# Data under study
──────

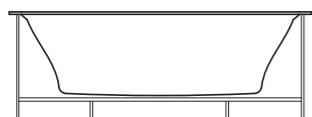

SENZO

Dimensions: 178 x 88 x 65 cm
Water capacity (max): 280 l
Weight (without water): 107 kg

VERO

Dimensions: 167 x 74 x 67/62 cm
Water capacity (max): 230 l
Weight (without water): 99 kg

DUNE

Dimensions: 174 x 77 x 63 cm
Water capacity (max): 260 l
Weight (without water): 104 kg

MEZZO

Dimensions: 182 x 86 x 64/80 cm
Water capacity (max): 250 l
Weight (without water): 133 kg

PAO

Dimensions: 170 x 80 x 63 cm
Water capacity (max): 280 l
Weight (without water): 135 kg

TEHNICAL DATA

REGO; REGO HYDRO

Dimensions: 183 x 79 x 63 cm
 Water capacity (max): 310 l
 Weight (without water): 137/98 kg

REGO HYDRO

PIANO; PIANO HYDRO

Dimensions: 171 x 101 x 67 cm
 Water capacity (max): 290 l
 Weight (without water): 75/98 kg

──────

# What needs to be done
Lines from the one with "Dimensions: 171 x 101 x 67 cm" through the last line of the listing above: return these exactly, and nothing else.

# Reply to the task
Dimensions: 171 x 101 x 67 cm
 Water capacity (max): 290 l
 Weight (without water): 75/98 kg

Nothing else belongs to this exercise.